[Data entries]
Segment Open

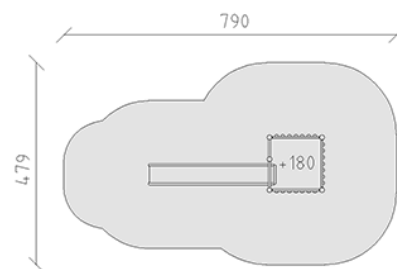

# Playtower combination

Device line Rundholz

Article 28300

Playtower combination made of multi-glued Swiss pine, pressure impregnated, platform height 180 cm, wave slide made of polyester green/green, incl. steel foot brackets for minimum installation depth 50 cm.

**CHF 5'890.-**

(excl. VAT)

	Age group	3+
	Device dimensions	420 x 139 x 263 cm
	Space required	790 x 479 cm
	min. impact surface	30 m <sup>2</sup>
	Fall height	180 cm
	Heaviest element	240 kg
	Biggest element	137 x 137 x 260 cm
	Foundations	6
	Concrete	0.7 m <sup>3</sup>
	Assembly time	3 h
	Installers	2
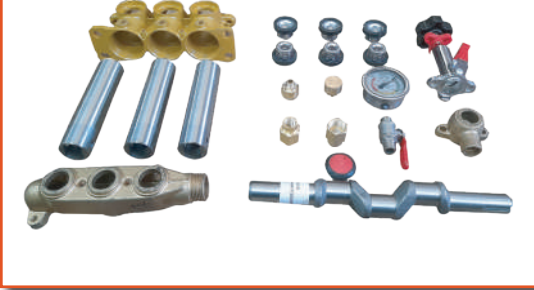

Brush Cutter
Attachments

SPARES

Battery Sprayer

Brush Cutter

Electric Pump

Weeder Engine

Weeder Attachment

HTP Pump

Segment Closed

__REQUIREMENT__:
Transcribe all the data word for word; the images stay out.

__PROBLEM SOLUTION__:
# Playtower combination

Device line Rundholz

Article 28300

Playtower combination made of multi-glued Swiss pine, pressure impregnated, platform height 180 cm, wave slide made of polyester green/green, incl. steel foot brackets for minimum installation depth 50 cm.

**CHF 5'890.-**

(excl. VAT)

	Age group	3+
	Device dimensions	420 x 139 x 263 cm
	Space required	790 x 479 cm
	min. impact surface	30 m <sup>2</sup>
	Fall height	180 cm
	Heaviest element	240 kg
	Biggest element	137 x 137 x 260 cm
	Foundations	6
	Concrete	0.7 m <sup>3</sup>
	Assembly time	3 h
	Installers	2

Brush Cutter
Attachments

SPARES

Battery Sprayer

Brush Cutter

Electric Pump

Weeder Engine

Weeder Attachment

HTP Pump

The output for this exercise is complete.